Communication Is Key to Successful Collateral Negotiations
From:, August 27, 2018
By Derek Freihaut, FCAS, MAAA, Pinnacle Actuarial Resources, Inc.

Collateral negotiations can often be contentious. While collateral is required for a variety of insurance programs, opinions of how much collateral is necessary can differ significantly. These differences are born out of different perspectives and motives between parties involved in the negotiation. An objective discussion between the actuaries behind the loss projections on both sides of the negotiation can help find valuable middle ground.

Ultimately, collateral is protection against the financial risk of a risk-bearing entity (RBE) defaulting on payments for future retained losses. There are several various types of RBEs, such as large deductible policyholders, self-insureds, or fronted captives. Each of these RBEs is ultimately responsible for the retained losses they cover. However, if the RBE has a policy-issuing carrier (PIC) and the RBE is unable to meet its claims obligations, the PIC must act as a backstop and is responsible for all claims payments. The PIC offsets this credit risk through the requirement of collateral.
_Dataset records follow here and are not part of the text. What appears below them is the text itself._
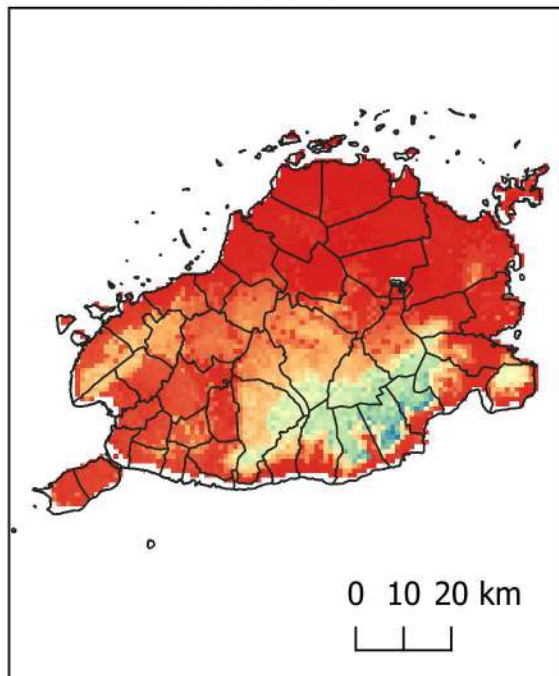

Mapped by: ABLoreto and DPLoreto (February 2020)

Data Collection Facilitated by: MNVSeriño, DMBañoc,
ABLoreto & JPGa, JSToledo,
JACavero

S
W
E
E
T
P
O
T
A
T
O

Present

Year 2050

C
A
S
S
A
V
A

CRS: ESPG: 4326
(WGS 84)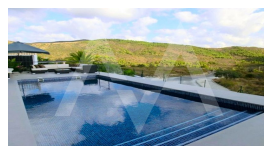

**RV1642BEN**

New Villa Modern Style With Sea Views

Benitachell

**SOLD**

**Property features**

Alarm  
Armored Door  
Barbecue  
Built-in Wardrobes  
Carport  
Double Glass Windows  
Garage  
Laundry Room  
Private Parking  
Storage Room  
Tv Satellite

**Community features**

15 Min Beach  
15 Min Market  
15 Min Shops

**Property details**

Built size **295 m2**  
Plot size **864 m2**  
Bedrooms **4**  
Bathrooms **3**

City **Benitachell**  
Build **-**  
Orientation **South**  
View **Panoramic**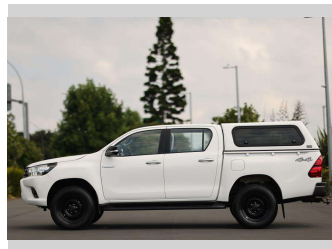

2017 Toyota Hilux SR TD DC

Purchase Price

\$39,997

Includes GST, Registration & Licensing

Note: A Clean Car fee or rebate may apply to this vehicle

Finance may be available on this vehicle. Ask one of our friendly staff for more information.

Gain peace of mind with Mechanical Breakdown Insurance. **Ask us how.**

Top features

» 4WD/4x4

Body Style

4 door, Ute

Odometer

93,136 km

Engine

2800 cc, Internal Combustion

Fuel Type

Diesel

Transmission

Auto

Wheels

-

VIN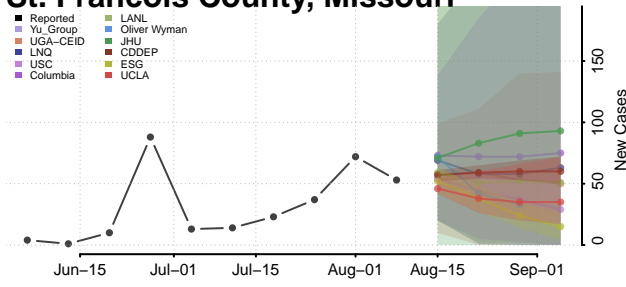

St. Francois County, Missouri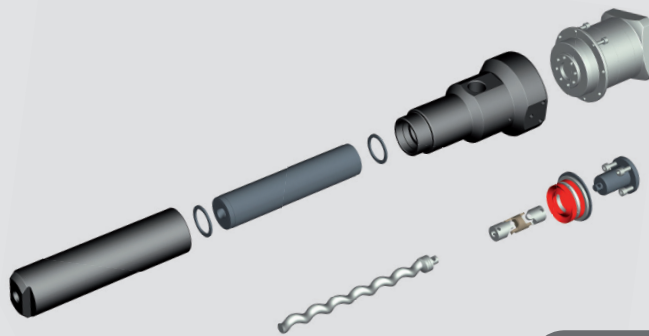

NEMO® Dispenser NDP0800-03

The metering pump for all of your applications

NEMO® Dispensers guarantee precise dosing and repeatability of highly abrasive and viscous fluids. The positive displacement, low pulsation flow conveys your product without damage to your product.

Whether your requirements call for single or 2-component meter-mix we have the size, model and solution for all of your applications.

NEMO® Dispenser Features

- Capacity directly proportional to pump speed
- Dosing accuracy $\pm 1\%$ volumetric
- Highly versatile in applications requiring robotic and servo technology
- Valve free dosing method
- Optional heating
- Perfect for shear sensitive products such as micro balloons

Your Benefits

- Very smooth conveyance
- Low pulsation
- Compact designs allow for easy installation in robotic applications
- Products with entrained solids are conveyed without damage
- No dripping or stringing of product
- Flow is independent of temperature or viscosity

NEMO® Dispenser NDP0800-03

all dimensions in mm

NEMO® Dispensers NDP0800-03

Dosing volume	~ 2 ml/rev.
Min. dosing quantity	0.5 ml*
Stator materials	NBR, EPDM, Viton, PTFE25%GF, (FDA Grades available)
Flow rate	13 – 400 ml/min*
Max. dispense speed	200 rpm*
Operating temperature	up to +248 °F / +120 °C
Max. back pressure	up to 450 psi / 30 bar*
Max. inlet pressure	145 psi / 10 bar
Weight incl. gearbox	ca. 6.6 lbs / 3 kg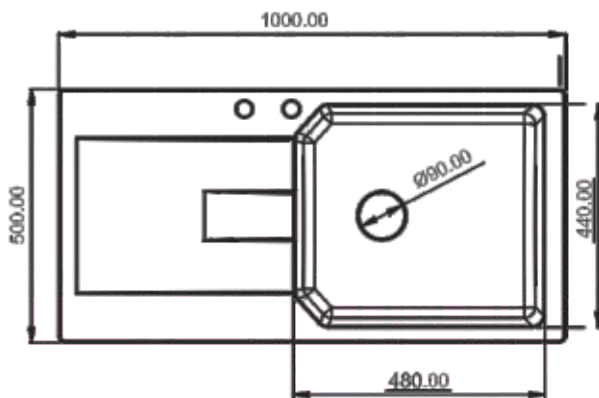

polo[®]
S S Kitchen sink
Quartz kitchen sink

SIZE	MRP	
	GRANITE	METALIC
36" x 18"	10950/-	13150/-
915 x 457 mm		

DIMENSIONS

GRANITE

SNOW SAND

GREY STONE

PEACH IVORY

RED MOON

SIZE	MRP	
	GRANITE	METALIC
40" x 19.5"	11050/-	13375/-
1000 x 500 mm		

DIMENSIONS

GRANITE

SNOW SAND

GREY STONE

PEACH IVORY

RED MOON

METALIC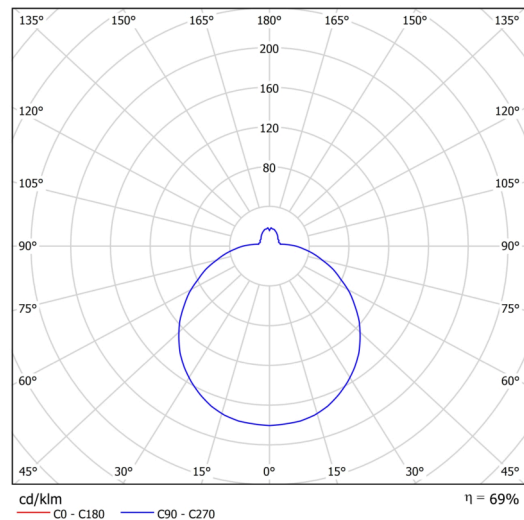

Luminous

Lum. flux of luminaire	5820 lm
Lum. flux of light source	8430 lm
Lum. flux of light source in emergency mode	200 lm
Temperature	4000 K
Rated life time LED L80/B10	100000 hours
CRI	Ra80
MacAdam	3
Blue light hazard	Risk group 0

The credit risk to the PIC is the most obvious concern, but it also needs collateral to meet statutory requirements since an RBE will not typically qualify as an admitted reinsurer. Rating agencies also have concerns regarding the amount of collateral the PIC is holding as they assess the risk posed to the insurer. Self-insured workers compensation programs without a fronting insurer may also have significant collateral requirements imposed by the state.